Task brief ->
Retype, character for character, the line containing "- ・園児や保護者の撮影は許可なく行わないでください" along with each line after it through the end of the data, and only those.

Data for processing ->

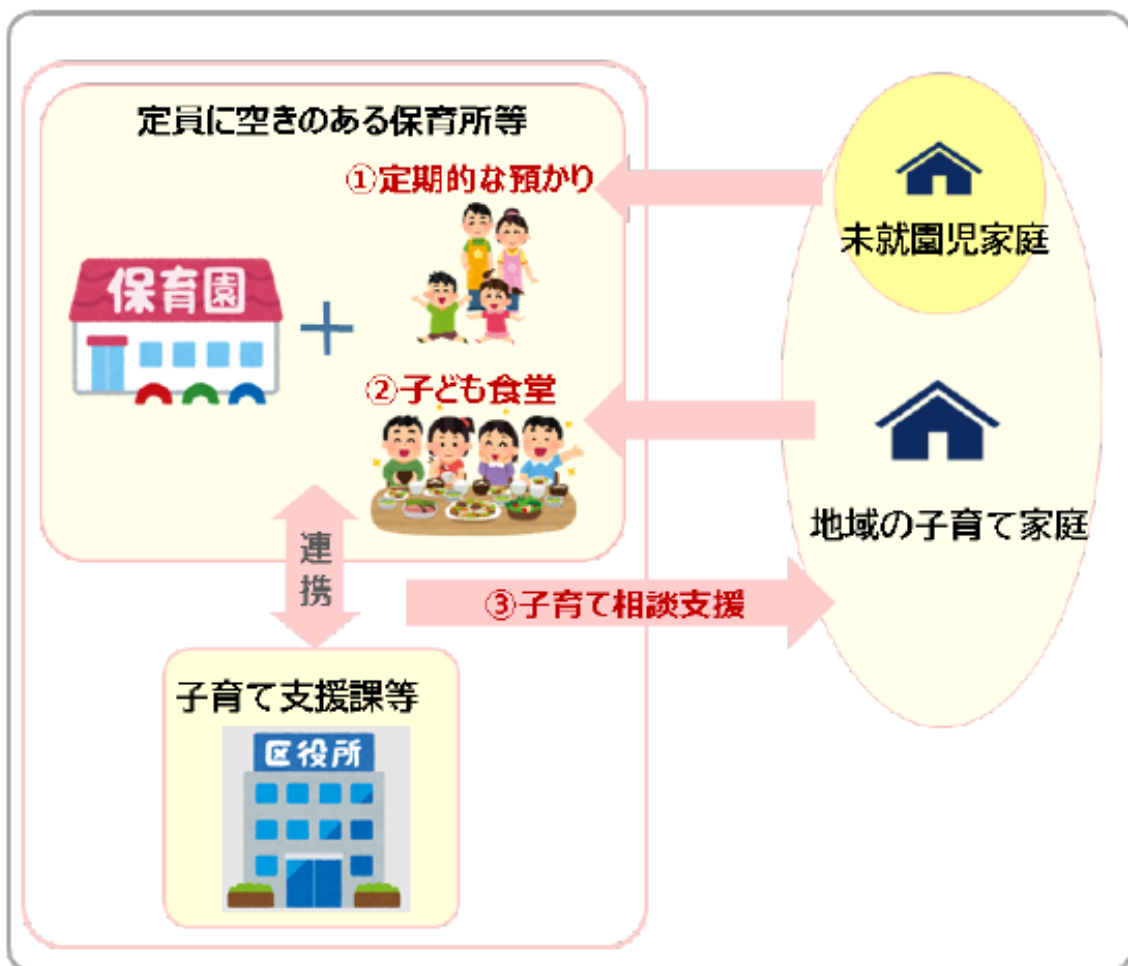

市政記者各位

未就園児の定期的な預かりモデル事業について

子どもの成長や保護者の負担軽減、保育所の機能拡充を図るため、保育所、認定こども園、幼稚園等に通っていない未就園児を保育所で週に1～2回、定期的に預かるモデル事業を市内3施設で実施しますので、お知らせします。

1 実施施設

実施施設名	実施施設住所	定員 (1日当たり)	運営法人名
中比恵ソレイユ ガーデン保育園	博多区 博多駅東2丁目12-34	10人	社会福祉法人 春陽会
リトルワールド あゆみ保育園	中央区 梅光園3丁目3-8	10人	株式会社 Branches
南片江保育園	城南区 南片江6丁目11-7	13人	社会福祉法人 寿光福祉会

※空き定員や余裕スペースを活用して受入れます

2 対象者

福岡市内に居住する生後3か月から小学校就学前の乳幼児
※保護者の就労状況や所得に関わらず申込可能

3 事業実施期間

令和5年8月1日（火）～令和6年3月30日（土）

4 利用申込

利用を希望する保護者は利用を希望する施設へ直接申込み
第一次募集：令和5年6月12日（月）～7月11日（火）
※定員に空きがある場合は随時募集

5 利用料

1,000円/回
※生活保護世帯及び市町村民税非課税世帯は無料

6 その他

上記3施設においては、月1回程度、子ども食堂も実施する予定で、地域の身近な子育て支援施設をめざします。

〈問い合わせ先〉

福岡市こども未来局運営支援課 乗富（のりとみ）
電話 092-711-4240（内線2210）

<現地取材のお知らせ>

日時：令和5年6月6日（火）15時から ※5分前には集合をお願いします

場所：中比恵ソレイユガーデン保育園（博多区博多駅東2丁目12-34）

取材できる内容：本事業の実施スペース（保育室）の撮影、園長へのインタビュー

※取材にあたってのお願い

- ・園は保育時間中となりますので、利用者の安全にご配慮ください
- ・園児や保護者の撮影は許可なく行わないでください
- ・園の駐車場は利用できません

<実施イメージ>

地域の身近な子育て支援施設としての多機能化

- ◆他の子どもとの交流を通じた発達促進
- ◆保護者の育児負担の軽減

Output of the exercise ->
- ・園児や保護者の撮影は許可なく行わないでください
- ・園の駐車場は利用できません

<実施イメージ>

地域の身近な子育て支援施設としての多機能化

- ◆他の子どもとの交流を通じた発達促進
- ◆保護者の育児負担の軽減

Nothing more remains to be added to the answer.